The Appellants appeal the decision of the Indiana Utility Regulatory Commission (the "Commission") to deny their petition filed pursuant to Ind.Code 8-1-2-54 seeking "Disapproval Of Joint Venture To Provide Gas Supply Management and Gas Marketing Services, Disapproval Of Contracts and Agreements Between The Utilities And The Joint Venture, Disapproval of the Assignment Of Utility Assets To The Joint Venture, And A Determination That The Joint Venture Is Impressed With A Public Interest and Is Subject To Regulation As A Public Utility." The petition was filed to achieve the disapproval of an agreement (the "agreement") between Respondents-Appellees Indiana Gas Company, Inc. ("Indiana Gas"), the Board of Directors for Utilities of the Department of Public Utilities of the City of Indianapolis, as Successor Trustee of a Public Charitable Trust, d/b/a Citizens Gas & Coke Utility ("Citizens Gas"), and ProLiance Energy, LLC ("ProLiance").

We reverse and remand.

ISSUES

The following issue is dispositive: whether the Commission lacked the authority to deny the Appellant's petition when Indiana Gas and Citizens Gas failed to follow the dictates of the Alternative Utility Regulation Statute.

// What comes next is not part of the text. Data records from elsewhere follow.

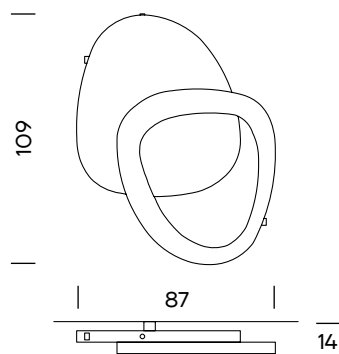

Drop O1

Drop O2

Drop O3

**Design:**  
Jana Acevska

**Code:**  
WDP1

**Dimensions:** 87x109x14cm  
**Weight:** 34kg

**Body Finishing:**  
Inox Polished

**Ring Finishing:**  
Corroded Steel

**Dimensions:** 96x140x14cm  
**Weight:** 44kg

**Finishing:**  
Copper Polished  
Gun Steel

**Installed Power:** 600Watt

**Packaging Info:**  
Wooden box  
Max. per Box: 1 Piece

**Gross Weight:** Ca. 92kg  
**Volume:** 0.39m<sup>3</sup>  
**Box Size:** 107x150x24 cm

**Gross Weight:** Ca. 147kg  
**Volume:** 0.56m<sup>3</sup>  
**Box Size:** 117x200x24cm

Drop O4

Drop O5

Drop O6

**Design:**  
Jana Acevska

**Code:**  
WDP4

**Dimensions:** 77x172x14cm  
**Weight:** 56kg

**Body Finishing:**  
Inox Polished

**Gross Weight:** Ca. 102kg  
**Volume:** 0.35m<sup>3</sup>  
**Box Size:** 117x125x24cm

**Design:**  
Jana Acevska

**Code:**  
WDP6

**Dimensions:** 107x187x14cm  
**Weight:** 63kg

**Body Finishing:**  
Inox Polished

FACTS AND PROCEDURAL HISTORY

Indiana Gas and Citizens Gas have territories in Indiana within which they distribute natural gas through pipeline systems they own and operate subject to the Commission's regulation. Gas utilities of this type are commonly referred to as local distribution companies or "LDCs." LDCs transport gas through their intrastate pipeline systems to retail customers, subject to the Commission's jurisdiction. Interstate pipelines transport gas from producing areas to interconnection delivery points on LDC systems (the LDCs' "city gates"), and are subject to the jurisdiction of the Federal Energy Regulatory Commission ("FERC"). Gas is brought to the utilities from Oklahoma, Kansas and Texas, primarily by the Panhandle, Texas Gas, and ANR interstate pipelines.

Historically, interstate pipelines have acquired gas at the wellhead from gas producers at FERC-regulated prices, and then sold to LDCs both the wholesale gas and its interstate transportation as a single ("bundled") product, also at FERC-regulated prices. LDCs then sold both the gas and its local transportation (also called "distribution") to retail customers as a single product. The price of such product and local transportation is regulated by the Commission.

Congress began restructuring the natural gas industry with the Natural Gas Policy Act of 1978, which phased out price regulation of gas sold to the interstate pipelines. FERC continued the restructuring through a series of orders in the 1980s which required the pipelines to sell their transportation as a stand-alone product ("unbundled"), thereby creating a competitive market for the gas itself. A 1992 FERC order carried unbundling further and also developed a complex secondary market for pipeline transportation, allowing purchasers to resell that service (called "capacity release").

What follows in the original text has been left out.